“The Writers’ Brush, an Exhibition of Art by Writers,” curated by Donald Friedman and Jon Wronski. Pierre Menard Gallery, Cambridge, MA. Through January 15.
The first leg of the show took place in New York in September and October at Anita Shapolsky Gallery, and this incarnation is an expanded version of that event. In The Brooklyn Rail, Valery Oisteanu reported that the show is an invaluable resource for those interested in the interconnection between literature and art. “Donald Friedman and John Wronski have masterly gathered art from private collections, some never shown before, by a pantheon of writers, including thirteen Nobel laureates. The beautiful landscapes that Hermann Hesse credited with saving his life have a nostalgic-biographical atmosphere; the manuscript sketches that Fyodor Dostoevsky made of his characters reveal the visual process of literary creation; and the can-can dancers secretly drawn by Joseph Conrad serve as art-cum-memorabilia objects. Ultimately, these works gave me new insights into the lives and minds of my favorite writers and their creative processes.” See images of the artwork and the opening at Anita Shapolsky Gallery courtesy of RobertaontheArts.com.

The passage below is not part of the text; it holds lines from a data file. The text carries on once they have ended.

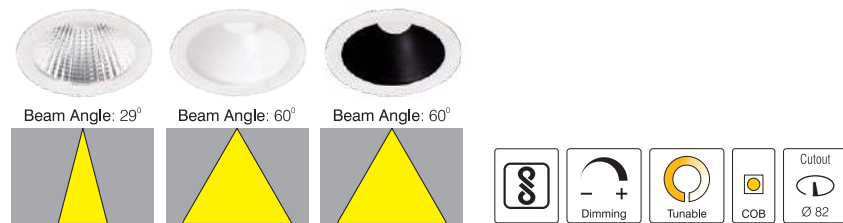

Jupiter 4

□ LDR0064 09

Power 9W

- LED COB □ 3000K □ 4000K □ 5000K □ Tunable White
- Beam Angle □ 13°-19° □ 60°
- Dimming Options available*
- Trim Spun Al in White
- Reflector Faceted Mirror Bright Finish □ White □ Black
- Filter □ Clear □ Frosted
- Cooling Passive Heatsink in Al

Jupiter 12

□ LDR0074 15

Power 15W

- LED COB □ 3000K □ 4000K □ 5000K □ Tunable White
- Beam Angle □ 29° □ 60°
- Dimming Options available*
- Trim Spun Al in White
- Reflector Faceted Mirror Bright Finish □ White □ Black
- Filter □ Clear □ Frosted
- Cooling Passive Heatsink in Al

Jupiter 14

□ LDR0075 15

Power 15W

- LED COB □ 3000K □ 4000K □ 5000K □ Tunable White
- Beam Angle □ 24°
- Dimming Options available*
- Trim Spun Al in White
- Reflector Faceted PMMA with Lens
- Cooling Passive Heatsink in Al

Nina MacLaughlin reports in the Phoenix that the larger Cambridge incarnation of the exhibition offers visitors a chance to analyze the images — not the words — that were sketched, painted, inked, etched, and doodled by some 120 writers. “The works featured in the show aren’t, for the most part, notebook scribblings, but accomplished paintings and drawings — some consistent with the writers’ written work, some quite at odds.”
The show is running in conjunction with the publication of Donald Friedman’s book by the same name.